AC !! Anti-Corruption, mais qui est derrière cette association ? C’est bien là le problème, car si l’association se présente comme apolitique, elle n’a en réalité agit que dans des attaques visant seulement deux formations politiques : le RN et l’UDR. L’association fut fondée par un certain Marcel Claude en juin 2021, définie : « comme le fer de lance de cette lutte dans le Grand Est ». Marcel Claude est un ancien commerçant qui est originaire de Pont-à-Mousson, installé à Sainte-Geneviève et qui se consacre depuis environ 2015, « à la lutte contre la corruption en politique ». Il fut un moment le référent départemental de l’association Anticor, dont il fut exclu et mis à la porte pour des raisons inconnues. C’est alors qu’il fonda AC !! Anti-Corruption en 2021. Comme commerçant, l’homme gérait un magasin de produits bios, connu pour ses positions à gauche, voire très à gauche, mais martelant « être apolitique ». L’association s’était distinguée en portant plainte contre Jordan Bardella et le Rassemblement National (décembre 2025), puis désormais contre Charles Alloncle, membre de l’UDR. Que cherche l’association dans ces manœuvres ciblées ? C’est bien là la question, entre désir d’attirer l’attention, des subventions publiques, des adhérents, mais des commanditaires de la plainte sont possible, alors que l’association n’a pas mené beaucoup d’actions et se disait concentrée « sur le Grand Est ». Fin 2022, elle grenouillait dans un obscur salon du livre, distribuant des brochures, pour passer à ces plaintes au niveau national, avec l’absence d’autres formations attaquées, sauf celles classées à l’extrême droite.
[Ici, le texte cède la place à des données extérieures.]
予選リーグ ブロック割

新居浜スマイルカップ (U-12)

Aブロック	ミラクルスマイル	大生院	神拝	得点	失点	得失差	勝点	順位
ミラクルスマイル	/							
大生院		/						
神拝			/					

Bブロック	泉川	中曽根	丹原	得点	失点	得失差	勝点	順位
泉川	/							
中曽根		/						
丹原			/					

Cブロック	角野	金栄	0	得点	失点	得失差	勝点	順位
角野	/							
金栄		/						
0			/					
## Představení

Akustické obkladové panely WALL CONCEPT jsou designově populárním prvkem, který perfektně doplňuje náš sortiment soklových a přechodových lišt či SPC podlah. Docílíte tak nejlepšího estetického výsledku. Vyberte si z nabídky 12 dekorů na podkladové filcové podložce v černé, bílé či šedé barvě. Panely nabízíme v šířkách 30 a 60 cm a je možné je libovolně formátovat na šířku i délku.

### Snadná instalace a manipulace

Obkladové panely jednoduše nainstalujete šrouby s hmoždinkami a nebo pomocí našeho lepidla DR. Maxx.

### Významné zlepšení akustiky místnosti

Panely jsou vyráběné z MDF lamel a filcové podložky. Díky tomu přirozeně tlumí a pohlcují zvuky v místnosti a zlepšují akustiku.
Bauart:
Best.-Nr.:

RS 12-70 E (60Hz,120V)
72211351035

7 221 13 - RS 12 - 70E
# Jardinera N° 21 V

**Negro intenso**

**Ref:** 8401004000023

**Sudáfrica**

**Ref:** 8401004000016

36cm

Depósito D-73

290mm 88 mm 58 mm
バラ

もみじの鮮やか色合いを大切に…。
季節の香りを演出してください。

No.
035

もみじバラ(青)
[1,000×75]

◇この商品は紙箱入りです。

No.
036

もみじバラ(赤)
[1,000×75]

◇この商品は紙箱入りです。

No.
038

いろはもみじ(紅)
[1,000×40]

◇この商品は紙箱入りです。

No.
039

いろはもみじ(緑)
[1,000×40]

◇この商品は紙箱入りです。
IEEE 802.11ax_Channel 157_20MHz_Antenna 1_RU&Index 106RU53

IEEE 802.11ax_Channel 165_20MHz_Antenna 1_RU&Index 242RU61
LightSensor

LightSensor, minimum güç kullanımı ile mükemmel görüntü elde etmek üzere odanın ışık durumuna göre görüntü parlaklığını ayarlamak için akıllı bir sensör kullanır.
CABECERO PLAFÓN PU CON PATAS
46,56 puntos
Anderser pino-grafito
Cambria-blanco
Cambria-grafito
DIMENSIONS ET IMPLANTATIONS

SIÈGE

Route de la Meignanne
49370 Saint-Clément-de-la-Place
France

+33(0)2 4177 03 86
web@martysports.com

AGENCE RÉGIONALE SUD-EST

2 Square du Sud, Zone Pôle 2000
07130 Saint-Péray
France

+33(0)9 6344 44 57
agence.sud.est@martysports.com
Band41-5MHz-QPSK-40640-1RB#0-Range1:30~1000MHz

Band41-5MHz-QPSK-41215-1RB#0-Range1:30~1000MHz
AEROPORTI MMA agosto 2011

Si je ne suis pas et de loin, de cette couleur politique, ni d’aucune par ailleurs, force est de constater que l’association ne semble pas lutter véritablement contre la corruption des politiques, mais contre des politiques pour leurs opinions politiques…
L’offensive lancée sur Alloncle tuera certainement le rapport, du moins enterrera son utilité et importance, alors que la commission n’avait aucun pouvoir de décision. Le rapport en effet n’apporte que des « recommandations », tandis que les groupes politiques dans les assemblées pourront ajouter à ce rapport leurs propres recommandations… après un nouveau débat. Autrement dit rien ne changera dans la situation catastrophique des médias publics, le débat traînera en longueur, dans des bavardages futiles, et Charles Alloncle sera crucifié sur la place publique, afin de faire taire tous ceux qui dorénavant auraient l’outrecuidance de mettre en cause le service public et surtout derrière lui : le gouvernement, le pouvoir et le système.